In reality the end of the Heptarchy was a gradual process. The 9th century Viking raids that led to the establishment of a Danish-controlled enclave at York, and ultimately to the Danelaw, gained considerable advantage from the petty rivalries between the old kingdoms. The need to unite against the common enemy was recognised, so that by the time Alfred of Wessex resisted the Danes in the late 9th century, he did so essentially as the leader of an Anglo-Saxon nation. Successive kings of Wessex (and especially Athelstan) progressively reinforced the English unitary state, until the old constituent kingdoms in effect became irrelevant.

Recent research has revealed that some of the Heptarchy kingdoms (notably Essex and Sussex) did not achieve the same status as the others. Conversely, there also existed alongside the seven kingdoms a number of other political divisions which played a more significant role than previously thought. Such were the kingdoms (or sub-kingdoms) of: Bernicia and Deira within Northumbria; Lindsey in present-day Lincolnshire; the Hwicce in the southwest Midlands; the Magonsæte or Magonset, a sub-kingdom of Mercia in what is now Herefordshire; the Wihtwara, a Jutish kingdom on the Isle of Wight, originally as important as the Cantwara of Kent; the Middle Angles, a group of tribes based around modern Leicestershire, later conquered by the Mercians; the Hæstingas (around the town of Hastings in Sussex); and the Gewissæ, a Saxon tribe in what is now southern Hampshire later developing into the kingdom of Wessex.
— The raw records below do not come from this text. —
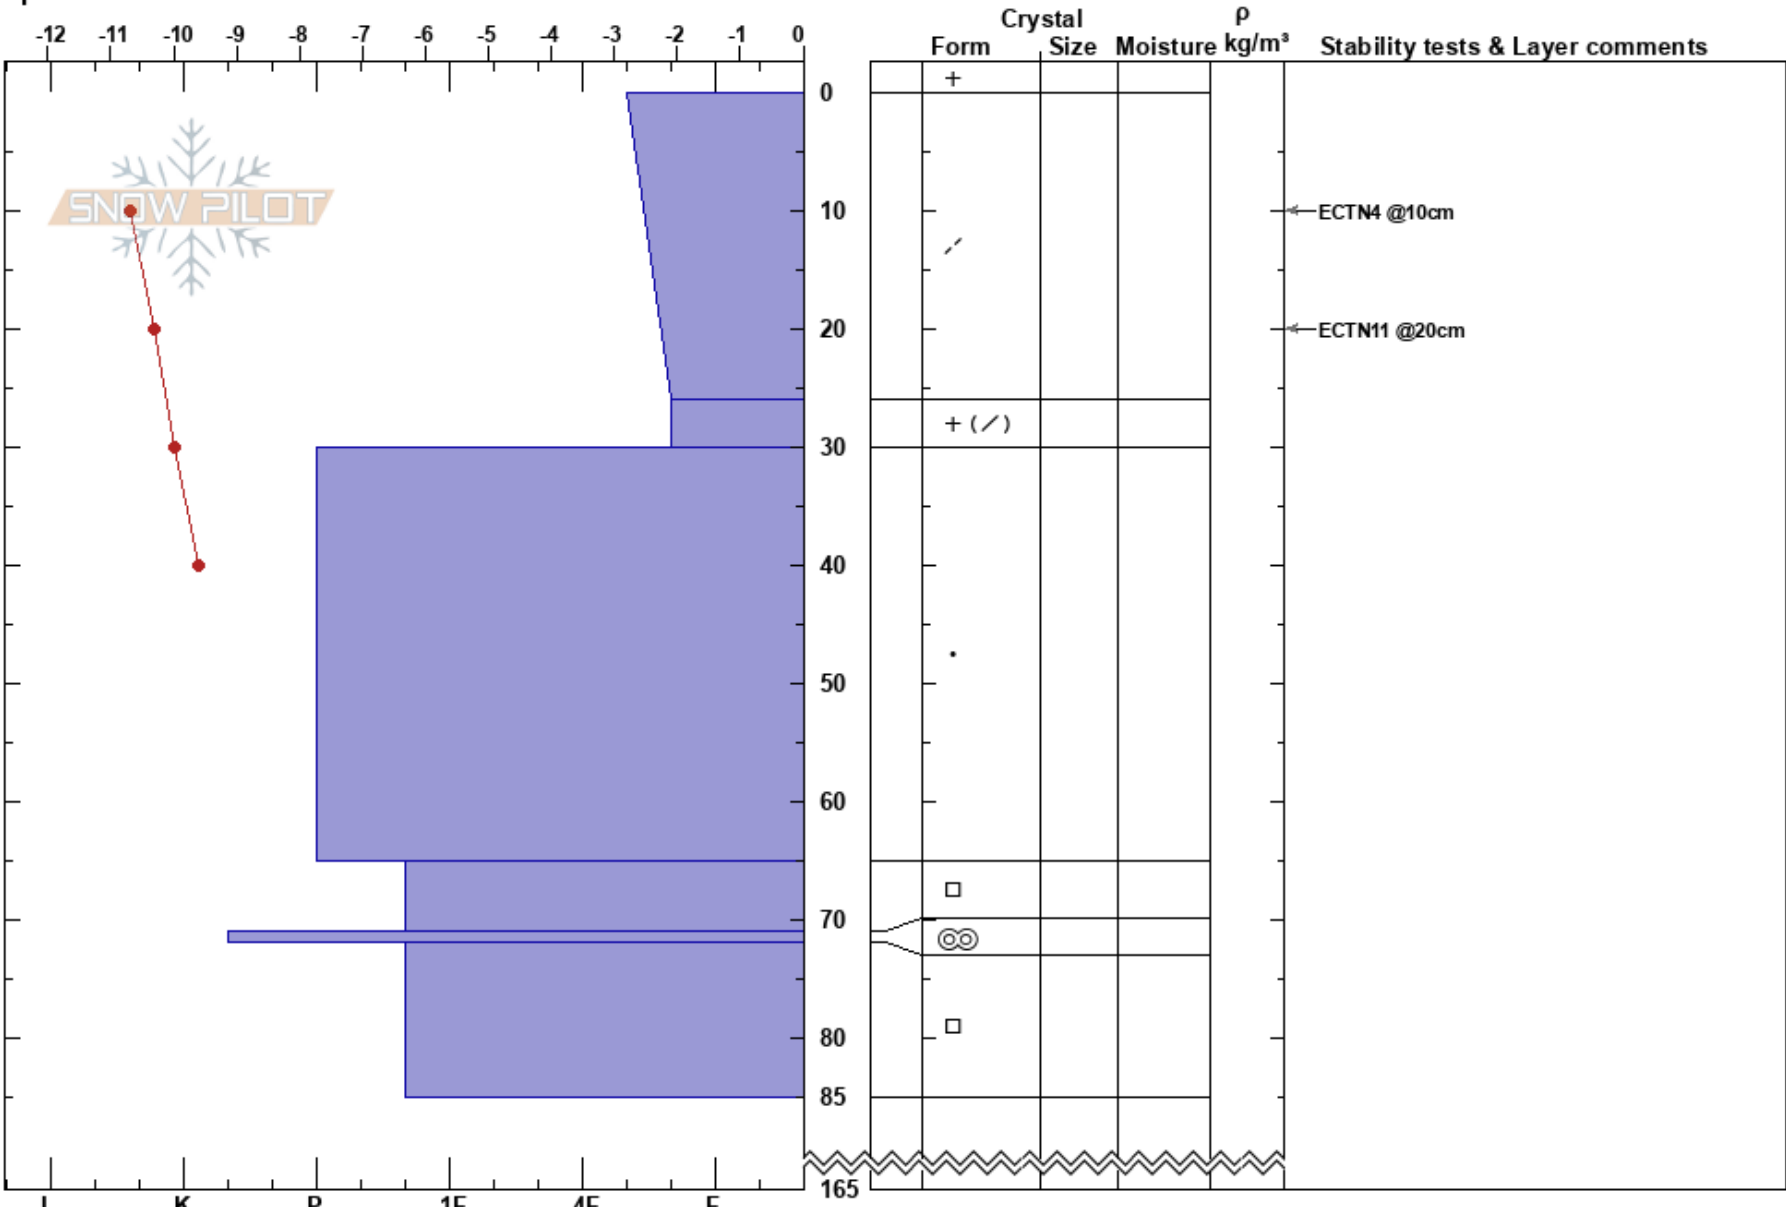

Kroenenåelkie
 Grönfjället
 Sweden
Elevation: 870 m
Aspect: NW
Specifics:

Sebastian Wiklund
 16/02/2022 - 11:00
Co-ord: 65.30813N, 15.50798E
Slope Angle: 21°
Wind Loading:

Stability: HS:165
Air Temperature: -11.2°C **PF:**30
Sky Cover: OVC
Precipitation: S1
Wind: SE Light Breeze
Layer Notes:

Certainly the term Heptarchy has been considered unsatisfactory since the early 20th century, and many professional historians no longer use it, feeling that it does not accurately describe the period to which it refers. However, it is still sometimes used as a label of convenience for a phase in the development of England.

http://en.wikipedia.org/wiki/Anglo-Saxon_Heptarchy

DANELAW:

The Danelaw, as recorded in the Anglo-Saxon Chronicle (also known as the Danelagh; Old English: Dena lagu; Danish: Danelov), is a historical name given to the part of Great Britain in which the laws of the "Danes"[1] dominated those of the Anglo-Saxons. The part of Great Britain that was part of the Danelaw is now northern and eastern England. The origins of the Danelaw arose from the Viking expansion of the 9th century, although the term was not used to describe a geographic area until the 11th century. With the increase in population and productivity in Scandinavia, Viking warriors sought treasure and glory in nearby Britain.
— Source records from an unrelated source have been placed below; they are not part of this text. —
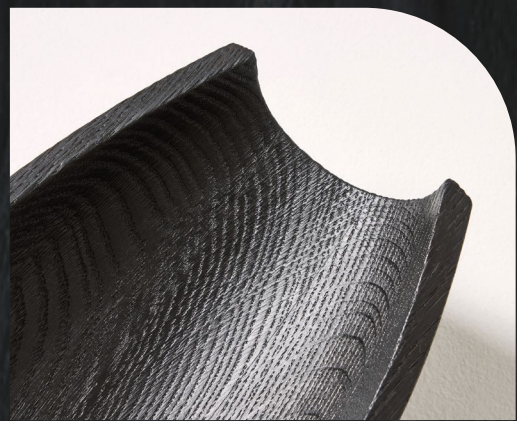

160 x 42 x 200

Solid oak/thermo-ash/ash

Dish

Rook

Small black

390 x 195 x 85

Burnt solid oak

Dish
Rook
Pearl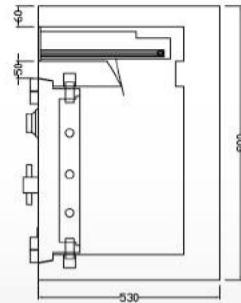

EST 250

External

H800 x W510 x D530 (mm)

Internal

H490 x W360 x D330 (mm)

Weight

290 kg

Lock

Combination Lock + Cawi Key Lock 8 Level
Fully Import Germany Vds Certified, Key
Length Bit To Bit 120mm

Features

1 adjustable shelf, 1 lockable drawer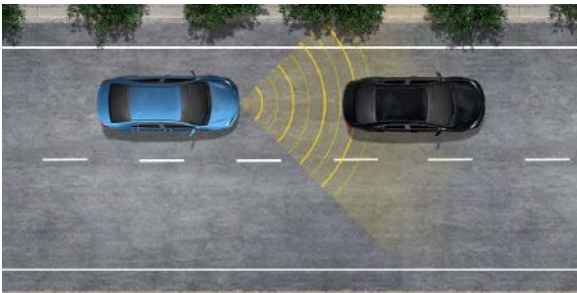

BACKUP CAMERA

When reversing, the 6.1-inch touch-screen on the dash displays an image of what the backup camera sees behind you.

STEERING WHEEL CONTROLS

With steering wheel-mounted controls, you're in command of your audio controls and Bluetooth®-equipped mobile phone.

6.1" DISPLAY AUDIO SYSTEM

The 6.1-inch touch-screen Display Audio System offers a seamless way to stay connected, thanks to Bluetooth® wireless music streaming, and a unique "text-to-speech" feature that converts text messages from your phone into voice messages which play through the vehicle's speaker system.

PLAY, YES. BUT PLAY SAFE.

STANDARD TOYOTA SAFETY SENSE™ (TSS-C)¹

The 2019 Yaris Hatchback may be the most playful Toyota there is, but it shares something important with every other vehicle we make: a commitment to providing as much safety as possible. That's why the Yaris Hatchback includes the Toyota Safety Sense™ – an advanced suite of innovative safety features that comes standard to help protect drivers, passengers, pedestrians, and people in other vehicles from harm. We're here to help you get to all of your adventures, as safely as possible.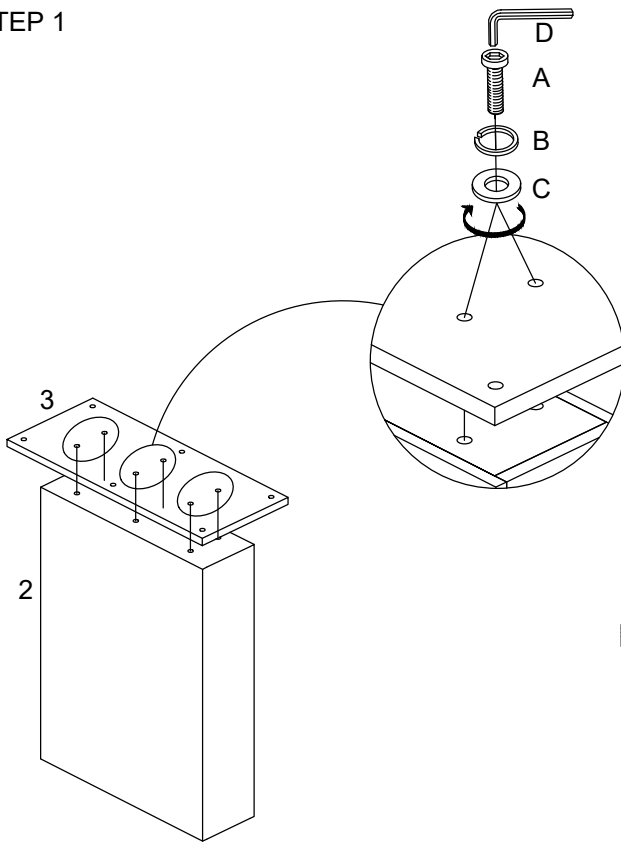

ASSEMBLY INSTRUCTIONS

ITEM NO : T5201 DINING TABLE

1/1

HARDWARE LIST			
NO	PART		Q'TY
A		Ø5/16"x35mm	24
B		Ø5/16"x13mm	24
C		Ø5/16"x19mm	24
D		5mm	1

PART LIST			
NO	PART		Q'TY
1		Table top	1
2		Table leg	2
3		Connection plate	2

STEP 1

STEP 2

Completed

Do not tighten screws until completely assembled.

Danelaw is also used to describe the set of legal terms and definitions created in the treaties between the English king, Alfred the Great, and the Danish warlord, Guthrum the Old, written following Guthrum's defeat at the Battle of Ethandun in 878. In 886, the Treaty of Alfred and Guthrum was formalised, defining the boundaries of their kingdoms, with provisions for peaceful relations between the English and the Vikings.
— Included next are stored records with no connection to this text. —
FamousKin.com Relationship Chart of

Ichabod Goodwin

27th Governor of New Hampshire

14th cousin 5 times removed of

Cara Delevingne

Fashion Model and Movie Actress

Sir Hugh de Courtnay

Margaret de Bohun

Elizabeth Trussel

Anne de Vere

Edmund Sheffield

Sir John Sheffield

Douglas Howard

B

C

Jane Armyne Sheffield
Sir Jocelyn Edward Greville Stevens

The Danish laws held sway in the Kingdom of Northumbria and Kingdom of East Anglia, and the lands of the Five Boroughs of Leicester, Nottingham, Derby, Stamford and Lincoln.

The prosperity of the Danelaw, especially Jórvík (York), led to its becoming a target for later Viking raiders. Conflict with Wessex and Mercia sapped the strength of the Danelaw. The waning of its military power together with the Viking onslaughts led to its submission to Edward the Elder in return for protection. It was to be part of his Kingdom of England, and a province of Denmark no longer, as the English laid final claim to it.